Lager für illegale Einwanderer geplant

Israels Regierung

© APA/epa

Lager für illegale Einwanderer geplant

Die israelische Regierung hat am Sonntag den Bau eines Internierungslagers für illegale Einwanderer beschlossen. Das Lager soll Platz für bis zu 10.000 Gefangene bieten und in sechs Monaten fertiggestellt werden. Israel dürfe nicht zulassen, dass Tausende Wirtschaftsflüchtlinge jedes Jahr illegal ins Land kämen, Israelis ihre Jobs wegnähmen und den Charakter des jüdischen Staates verwässerten, hieß es aus Regierungskreisen.

Zaun zu Ägypten geplant
Vor der Abstimmung im Kabinett sagte Ministerpräsident Benjamin Netanyahu, das Lager sei nur ein Teil einer mehrgleisigen Strategie, die auch die Errichtung eines Zauns an der Grenze zu Ägypten vorsehe. "Wir müssen die wachsende Zuwanderung stoppen, die israelische Jobs gefährdet und den Charakter des Landes verändert", sagte Netanyahu.

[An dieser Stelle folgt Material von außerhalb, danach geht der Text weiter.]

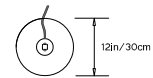

* All fixtures are made to order. For finish options or custom requests, please contact our sales team.

Made in New York

UL, cUL
on request

Pris I Floor Lamp pictured with Black Brass metal finish

TOP

FRONT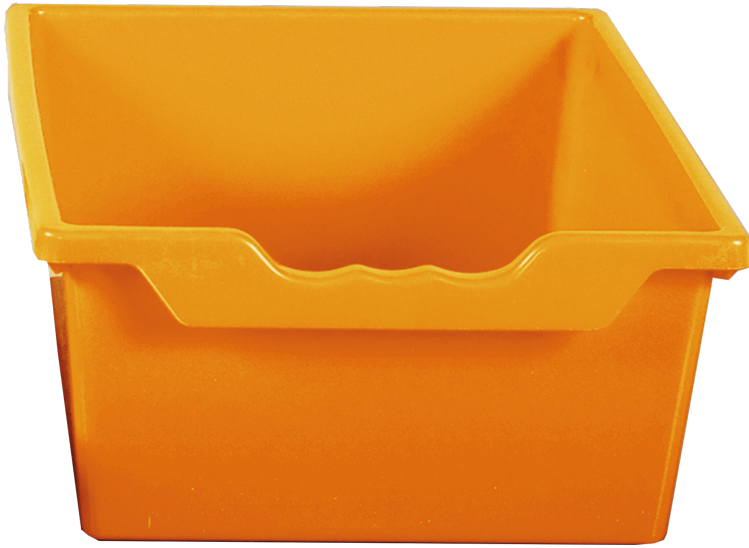

ERGO TRAY BOX SMALL, RED

MADE OF FLAME RETARDANT PLASTIC

PRODUCT

Our Ergo Tray boxes in size M are made of extra strong, flame retardant, unbreakable, recyclable plastic. They are stackable on top of each other as well as in one another.

Accessories

FEATURES

- Very stylish Ergo Tray Box in size M
- Extra strong / extra shatterproof
- Flame retardant
- Stackable
- Available in many different colors

Item number	SLSC2-OR	
Width / Height / Depth	307 mm / 75 mm / 370 mm	12.1" / 3" / 14.6"
Weight	1,4 kg	3 lbs
Mounts application field	Primary school, Secondary school, Office furniture	
Material	Plastic	
Product line	Qickly	
Packages	Package dimensions WxHxD	Package weight
SLSC2-OR	328 x 396 x 188 mm / 12.9 x 15.6 x 7.4"	1,6 kg / 3.5 lbs

Nach Schätzungen der Regierung werden heuer rund 13.000 illegale Einwanderer aus Afrika ins Land kommen. Zwischen 2006 und 2009 waren bereits 20.000 Illegale nach Israel eingereist. Zudem arbeiten nach Regierungsangaben rund 120.000 Gastarbeiter ohne gültige Visa in Israel.

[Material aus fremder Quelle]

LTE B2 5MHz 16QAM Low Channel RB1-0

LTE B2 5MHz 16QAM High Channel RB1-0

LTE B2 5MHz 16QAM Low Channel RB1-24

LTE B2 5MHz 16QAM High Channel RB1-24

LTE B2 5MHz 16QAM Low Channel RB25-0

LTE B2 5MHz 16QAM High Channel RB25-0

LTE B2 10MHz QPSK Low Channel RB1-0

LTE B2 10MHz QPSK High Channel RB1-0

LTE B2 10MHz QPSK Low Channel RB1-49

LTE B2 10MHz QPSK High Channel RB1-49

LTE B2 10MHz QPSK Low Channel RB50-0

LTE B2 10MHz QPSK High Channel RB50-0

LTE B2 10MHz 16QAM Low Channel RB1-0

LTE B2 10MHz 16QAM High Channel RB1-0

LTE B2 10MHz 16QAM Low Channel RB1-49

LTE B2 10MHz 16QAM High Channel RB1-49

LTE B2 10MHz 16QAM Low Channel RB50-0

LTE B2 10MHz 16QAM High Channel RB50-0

Kritiker: Lager ist ein "Ghetto"
Kritiker werfen er Regierung vor, sich mit dem Bau des Lagers auch gegen politisch verfolgte Flüchtlinge zu richten. In einen Brief an Ministerpräsident Netanyahu nannte der israelische Verband für Bürgerrechte das geplante Lager ein "Ghetto". Israel, der Zufluchtsort der Überlebenden des Holocausts, dürfe verfolgte Menschen nicht zurückweisen.

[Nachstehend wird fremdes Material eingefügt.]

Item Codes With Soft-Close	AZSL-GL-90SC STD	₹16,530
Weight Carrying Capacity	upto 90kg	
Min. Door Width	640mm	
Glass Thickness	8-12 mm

Netanyahu sagte, politische Flüchtlinge könnten weiterhin nach Israel kommen. Das Lager, in dem die Einwanderer versorgt und medizinisch betreut werden sollen, sei eine "humanitäre Lösung". Derzeit werden Illegale in einem Gefängnis in Südisrael untergebracht und freigelassen, sobald das Gefängnis überfüllt ist.

Eine Sprecherin des Innenministeriums sagte, ohnehin würden die Asylanträge von Flüchtlingen aus China, Thailand und weiterer Länder vorrangig geprüft. Anträge von Immigranten aus Eritrea oder dem Sudan würden gar nicht erst bearbeitet, weil Israel sie wegen der Lage in ihren Heimatländern ohnehin nicht zurückschicken würde, auch wenn ihr Asylantrag abgelehnt würde.